Add regression tests and new sample .docx files for SDT rows in tables and SDT runs in paragraphs.

Reviewed changes

Copilot reviewed 4 out of 6 changed files in this pull request and generated 5 comments.

Show a summary per file

File	Description
`poi-ooxml/src/main/java/org/apache/poi/xwpf/usermodel/XWPFTable.java`	Cursor-based traversal of table children; recursive SDT-row handling
`poi-ooxml/src/main/java/org/apache/poi/xwpf/usermodel/XWPFParagraph.java`	Processes CTRs nested inside SDT content when building run lists
`poi-ooxml/src/test/java/org/apache/poi/xwpf/usermodel/TestXWPFTable.java`	New unit tests for SDT-row table behavior and sample-doc regression
`poi-ooxml/src/test/java/org/apache/poi/xwpf/usermodel/TestXWPFParagraph.java`	New unit tests for SDT run handling + sample-doc regression
`test-data/document/Bug66263-table.docx`	Added sample document covering SDT row in table
`test-data/document/Bug66263-paragraph.docx`	Added sample document covering SDT runs in paragraphs

💡 Add Copilot custom instructions for smarter, more guided reviews. Learn how to get started.

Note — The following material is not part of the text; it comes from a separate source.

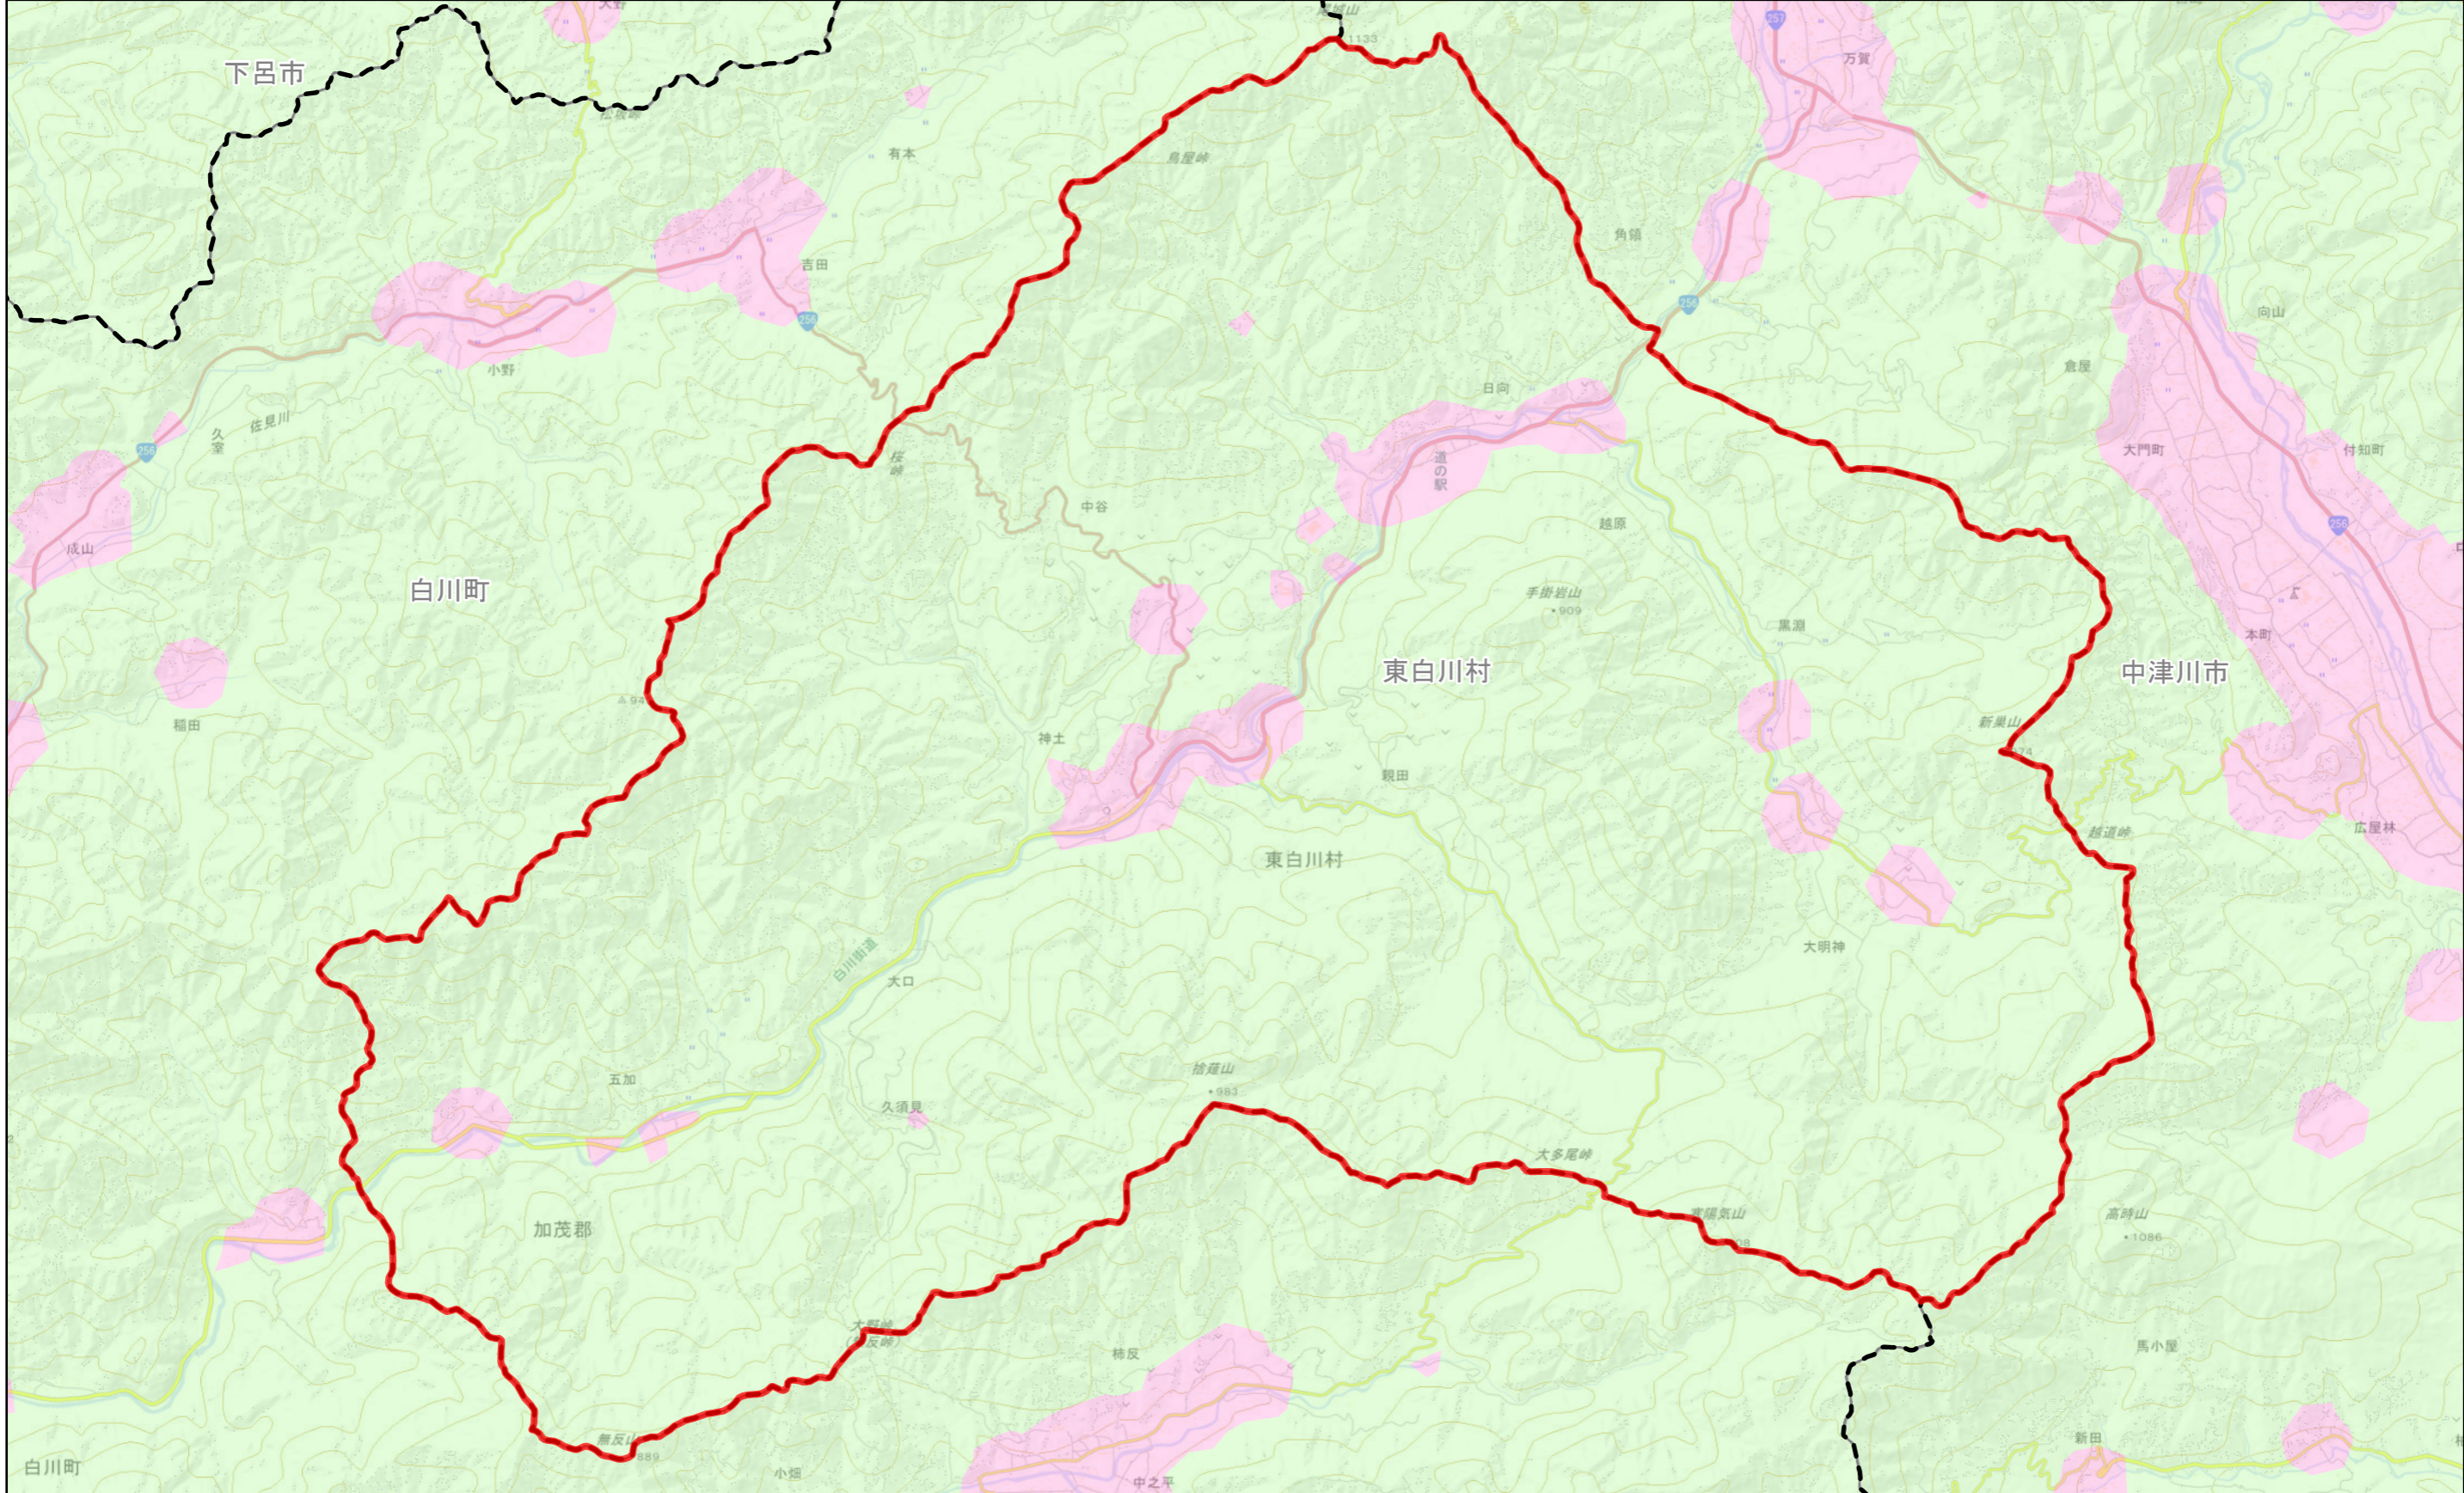

規制区域案 東白川村

凡例

市町村界	特定盛土等規制区域	宅地造成等工事規制区域
------	-----------	-------------

Copilot · 2026-04-22T10:33:59Z

+        try (XmlCursor cursor = table.newCursor()) {
+            cursor.selectPath("./*");
+            while (cursor.toNextSelection()) {
+                XmlObject xmlObject = cursor.getObject();
+                if (xmlObject instanceof CTRow) {
+                    processCTRow((CTRow)xmlObject);
+                }
+                else if (xmlObject instanceof CTSdtRow) {
+                    List<CTRow> rows = new ArrayList<>();
+                    collectCTRowsInnerSdtRow((CTSdtRow)xmlObject, rows);
+                    for (CTRow row : rows)
+                    {
+                        processCTRow(row);
                    }
-                    rowText.append(p.getText());
                }
            }


The constructor now adds CTRow instances extracted from CTSdtRow into tableRows. Many mutation/access methods (e.g., removeRow, insertNewTableRow, addRow, getRow(int), getNumberOfRows) assume tableRows indexes map 1:1 to ctTbl’s top-level w:tr array. With SDT-derived rows included, removeRow(pos) will remove the wrong underlying w:tr (or throw) and getRow(int)/getNumberOfRows() become inconsistent with getRows(). Consider either (a) keeping tableRows aligned to top-level w:tr only and handling SDT rows separately for text extraction, or (b) refactoring row operations to remove/insert via the actual row element’s cursor (or SDT wrapper) rather than ctTbl.removeTr(pos) and updating getRow/getNumberOfRows semantics accordingly.

Copilot · 2026-04-22T10:34:00Z

+        List<CTRow> rowsInnerSdtContent = sdtContent.getTrList();
+        if (!rowsInnerSdtContent.isEmpty()) {
+            rows.addAll(rowsInnerSdtContent);
+            return;
+        }
+
+        for (CTSdtRow innerSdt : sdtContent.getSdtList()) {
+            collectCTRowsInnerSdtRow(innerSdt, rows);


collectCTRowsInnerSdtRow returns immediately when sdtContent.getTrList() is non-empty, which skips any nested w:sdt elements that may appear alongside w:tr within the same CTSdtContentRow. This will miss rows in mixed-content SDTs and also loses document order between tr and nested sdt. Iterate through the SDT content children in order (e.g., via an XmlCursor over sdtContent) and collect both CTRow and nested CTSdtRow recursively without the early return.

Suggested change

List<CTRow> rowsInnerSdtContent = sdtContent.getTrList();

if (!rowsInnerSdtContent.isEmpty()) {

rows.addAll(rowsInnerSdtContent);

return;

}

for (CTSdtRow innerSdt : sdtContent.getSdtList()) {

collectCTRowsInnerSdtRow(innerSdt, rows);

XmlCursor cursor = sdtContent.newCursor();

try {

if (!cursor.toFirstChild()) {

return;

}

do {

XmlObject child = cursor.getObject();

if (child instanceof CTRow) {

rows.add((CTRow) child);

} else if (child instanceof CTSdtRow) {

collectCTRowsInnerSdtRow((CTSdtRow) child, rows);

}

} while (cursor.toNextSibling());

} finally {

cursor.dispose();

Copilot · 2026-04-22T10:34:00Z

        // is an empty table: I add one row and one column as default
        if (initRow && table.sizeOfTrArray() == 0) {
            createEmptyTable(table);
        }


The "empty table" check only looks at sizeOfTrArray() == 0. A table that contains only w:sdt row wrappers has no top-level w:tr, but it isn’t actually empty; createEmptyTable(table) will inject an extra blank row when using the default constructor (initRow=true). Consider extending the condition to also check for the presence of SDT rows (e.g., sizeOfSdtArray()==0/getSdtList().isEmpty()), or otherwise detect whether the table already contains any row-like content before creating a default row.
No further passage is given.